And last- we have MTW who has decided that any grounding is bad. He is stuck on the 120 volts test to a ground rod Mike Holt performed ten years ago. Mike Holt should have put 1.5 million volts down that rod and then seen how well it would trip the circuit breaker. I know a couple of housing developments where clapboard townhouses are built right next to those 150 foot high towers running that 1.5 million volts up to and over the mountains. One of those wires comes loose and contacts some metal connected to your ground rod, and your ground rod might save your life cause 1.5 million volts will travel a hell of a lot further thru dirt and might be able to trip a utility breaker or shunt someplace up the line. So yeah, we don't wanna bang em in, but the code guru's at the NEC want us to. Maybe they get to read the results and we don't.


----------



## macmikeman (Jan 23, 2007)

joe-nwt said:


> You type way too fast for me to keep up!
> 
> One last thing before you go on believing what you do and I go my way is your comment on measuring to earth. How do you get a good enough connection to earth to obtain an accurate voltage reading? Ground rods? Do you get a better reading with 2 rods?


I'm gonna guess a three point fall of potential tester.


----------



## joe-nwt (Mar 28, 2019)

macmikeman said:


> I'm gonna guess a three point fall of potential tester.


You are probably right. Almost seems like a waste of time making sure you have a good earth connection for lightning which has travelled a mile or two to get there instead of the puny voltages us mere mortals get to play with....

If the utility is using the ground rods as a reference, why is it unfathomable that the consumer's service is doing the same?

I like these discussions. You're never too old to perhaps learn something.


----------



## brian john (Mar 11, 2007)

joe-nwt said:


> Well our code prohibits using the lightning protection conductors for anything else so I'm not sure why you would. Further, the only place a LP system can tie into and electrical system electrode is at or below ground level. I'll admit I'm NOT any kind of lightning protection specialist. The LP systems I've seen have all been exterior.
> 
> They channel lightning into buildings where you're from?:wink:


Done all the time, your embassy does it in DC.


----------



## brian john (Mar 11, 2007)

joe-nwt said:


> You type way too fast for me to keep up!
> 
> One last thing before you go on believing what you do and I go my way is your comment on measuring to earth. How do you get a good enough connection to earth to obtain an accurate voltage reading? Ground rods? Do you get a better reading with 2 rods?


You would do better with 3, 4, 5 ,6........


----------



## brian john (Mar 11, 2007)

joe-nwt said:


> You are probably right. Almost seems like a waste of time making sure you have a good earth connection for lightning which has travelled a mile or two to get there instead of the puny voltages us mere mortals get to play with....
> 
> If the utility is using the ground rods as a reference, why is it unfathomable that the consumer's service is doing the same?
> 
> I like these discussions. You're never too old to perhaps learn something.

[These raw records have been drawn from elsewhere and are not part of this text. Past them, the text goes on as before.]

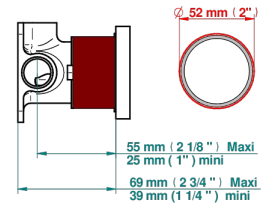

Tube

70023

18/06/2019

特色

- Grand central Black Onyx
- Trim only for wall mixer on rosette

相关的SKU

- Ref. G00-6540A 入墙式淋浴温控龙头嵌入部分，型号6540（两个1/2"入水口和1个1/2"出水口）

可选饰面

Black ceram - D30
Blush PVD - H62
Graphite PVD - H64
Matt Umber PVD - H67
Matt blush PVD - H60
Matt graphite PVD - H65

Natural smoked Brass - A13
PVD哑光棕铜 - F34
PVD哑光金 - H53
PVD哑光铜 - H50
PVD哑光镍 - H56
PVD抛光铜 - H49

PVD棕铜 - F33
PVD金色 - H52
PVD镍 - H55
Umber PVD - H66
哑光复古铜 - HO7
哑光浅金 - F31

哑光金 - F07
哑光铬 - C02
哑光镍 - C01
复古镍 - H28
抛光金 (24K金) - F01
抛光铬 - A02

抛光镍 - BO1
浅金 - F30
漆面铜 - DO1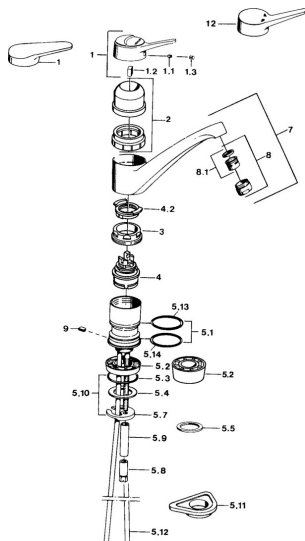

EAN: 4015474640771  
[static.hansa.com/0114210287](http://static.hansa.com/0114210287)

- Kuchyně
- Jednopaková
- Stojánková
- Moka
- Jedna ovládací páka / rukojeť, Páka se symboly teplé a studené vody
- Měděné přípojovací trubky

## Náhradní díly

### SP01142102

|      | Název                          | Kód        |
|------|--------------------------------|------------|
| 1    | Páka, (-2004)                  | 59901882   |
| 1    | Páka Bílá Ukončeno             | 5990188282 |
| 1.1  | Šroub, M5x8, SW2.5             | 59904755   |
| 1.2  | Kluzné pouzdro (osazené)       | 59904778   |
| 1.3  | Plug, hot/cold                 | 59906705   |
| 2    | Krytka Bílá Ukončeno           | 59910746   |
| 2    | Krytka Moka Ukončeno           | 59910745   |
| 2    | Krytka Ukončeno                | 59910744   |
| 3    | Upevňovací šroub, M50x1, SW45  | 59904890   |
| 4    | Kartuše, 4.8 eco               | 59904601   |
| 4.2  | Hot water limiter              | 59904759   |
| 5.1  | Těsnící sada                   | 59904891   |
| 5.2  | Socket Ukončeno                | 59910335   |
| 5.3  | O-kroužek, 42x3.5              | 59904764   |
| 5.4  | Těsnění, 48x33.5x2             | 59902283   |
| 5.5  | Kroužek                        | 59904893   |
| 5.6  | Šroub, R1 Ukončeno             | 59904894   |
| 5.7  | Upevňovací deska               | 59904765   |
| 5.10 | Upevňovací set                 | 59910749   |
| 5.11 | Upevňovací destička            | 59910008   |
| 5.12 | Šroubení Ukončeno              | 59910629   |
| 5.13 | Těsnění, 40.3x6                | 59911387   |
| 5.14 | O-kroužek, 47.22x3.53 Ukončeno | 59911386   |
| 8    | Aerator, M24x1 A Bílá Ukončeno | 59905419   |
| 8    | Aerator, M24x1 Moka Ukončeno   | 59904998   |
| 8    | Aerator, M24x1 STD HC A        | 59902366   |
| 8.1  | Aerator, M22/24 A              | 59902081   |
| 9    | Retainer Ukončeno              | 59905690   |

For lighting Utilities and Telco
They are trying to do as buildings that have LPS do minimize their exposure based on past experience.

As for why they ground to earth it goes way beyond using 240/120 VAC in a residence. In substations, they are concerned about lighting and step potential and operating OCP devices, while the earth may not pass 120 VAC all that well drop a 13.2kv and higher line and things change.


----------



## brian john (Mar 11, 2007)

joe-nwt said:


> You are probably right. Almost seems like a waste of time making sure you have a good earth connection for lightning which has travelled a mile or two to get there instead of the puny voltages us mere mortals get to play with....
> 
> If the utility is using the ground rods as a reference, why is it unfathomable that the consumer's service is doing the same?
> 
> I like these discussions. You're never too old to perhaps learn something.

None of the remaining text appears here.